Tag Archives: memories

Life Was as It Was

It has been eight years. Time passes. It creates a distant fog, blurring memories. I was thinking while sitting by myself, what if there was a magic line on which you could talk to your departed other half. No one knows how long one is going to live,or how soon it will be time to go. Hence these few lines.

I’m ringing your phone

Hoping to hear

You were coming back home

I never knew

How futile it will be

To not hear from you

A magic line, appearing above

The sound of your voice

Coming through

Sitting alone

Longing for you

To be back home

Life was, as it was

(Sheen, August 2020)

Frigid

I have a video of it in a VHS cassette. It’s lying in the spare room, which used to be my sewing room. It now holds all the household junk with which I can’t part. Some day, and somewhere in the realms of my mind there lurks a hope — maybe the things there turn out to be useful. I’m sure that’s not the case, but still I can’t throw away.

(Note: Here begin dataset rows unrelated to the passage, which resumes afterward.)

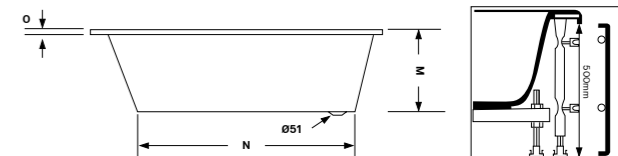

→ PLANÍSSIMA

P. 34

Tolerância+/- 1% - Tolerance +/- 1%

Medida (mm)	Referência	A	B	C	D	E	F	G	H	I	J	K	L	M	N	O
1500x700	0601151015070	1500	700	1330	530	410	350	230	75	95	85	85	315	400	1010	50
1600x700	0601151016070	1600	700	1430	530	410	350	230	75	95	85	85	315	400	1060	50
1600x750	0601151016075	1600	750	1430	560	450	375	230	75	95	85	95	315	400	1080	50
1700x700	0601151017070	1700	700	1530	530	410	350	230	75	95	85	85	315	400	1180	50
1700x750	0601151017075	1700	750	1530	560	450	375	250	75	95	95	95	315	400	1180	50
1700x800	0601151017080	1700	800	1520	590	470	400	230	75	105	105	105	315	400	1160	50
1800x750	0601151018075	1800	750	1620	560	450	375	230	75	105	95	95	315	400	1260	50
1800x800	0601151018080	1800	800	1620	590	470	400	230	75	105	105	105	315	400	1260	50
1900x900	0601151019090	1900	900	1720	690	520	450	230	75	105	105	105	315	400	1360	50
1900x1000	06011510190100	1900	1000	1720	790	600	500	230	75	105	105	105	315	400	1360	50

My late husband, my dear, darling daughter, and I had gone to spend a few days in the Northern Areas. I don’t remember the exact location for it’s truly a long while ago —but it definitely holds a place in memory.

They had a bet that if Nola held her finger in the frigid water of the stream for five minutes, she would get five thousand bucks. She had several attempts at it, laughingly allowed by her father each time she wanted another try.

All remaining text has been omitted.